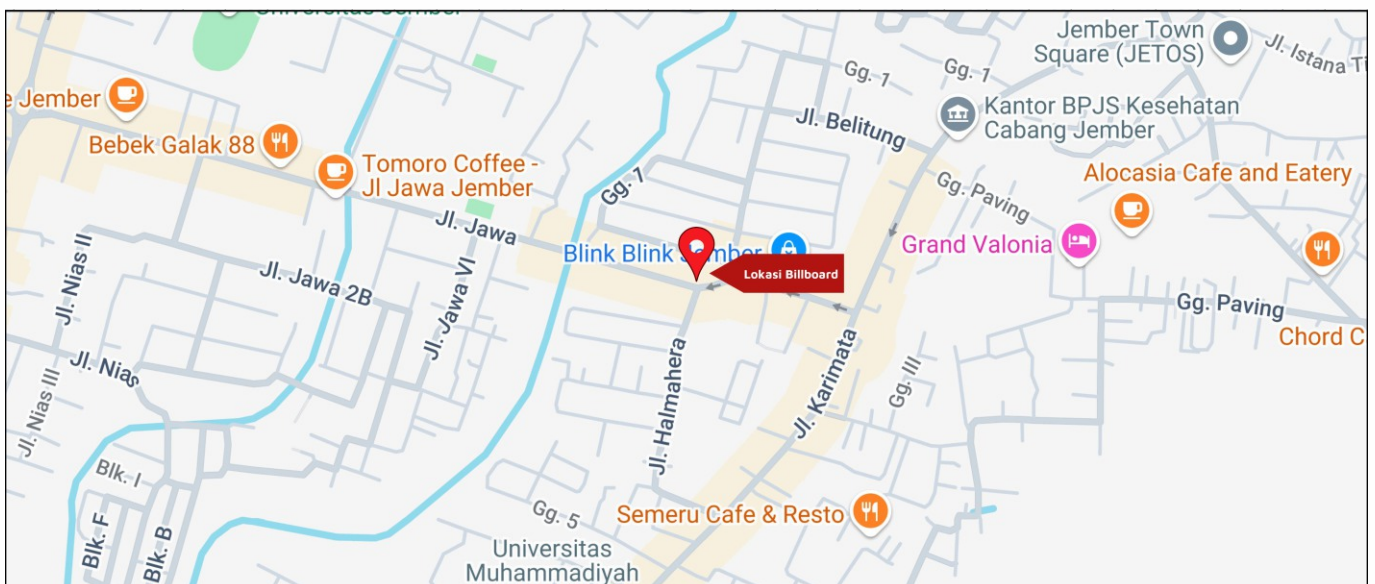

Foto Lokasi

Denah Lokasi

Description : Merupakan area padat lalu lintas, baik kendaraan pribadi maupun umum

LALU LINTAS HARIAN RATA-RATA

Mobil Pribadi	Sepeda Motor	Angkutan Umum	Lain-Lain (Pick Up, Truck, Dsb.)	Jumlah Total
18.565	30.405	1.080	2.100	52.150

********

● **Problem details**
Reproduce the listing above exactly, excluding all pictures.

● **Response to the exercise**
Foto Lokasi

Denah Lokasi

Description : Merupakan area padat lalu lintas, baik kendaraan pribadi maupun umum

LALU LINTAS HARIAN RATA-RATA

Mobil Pribadi	Sepeda Motor	Angkutan Umum	Lain-Lain (Pick Up, Truck, Dsb.)	Jumlah Total
18.565	30.405	1.080	2.100	52.150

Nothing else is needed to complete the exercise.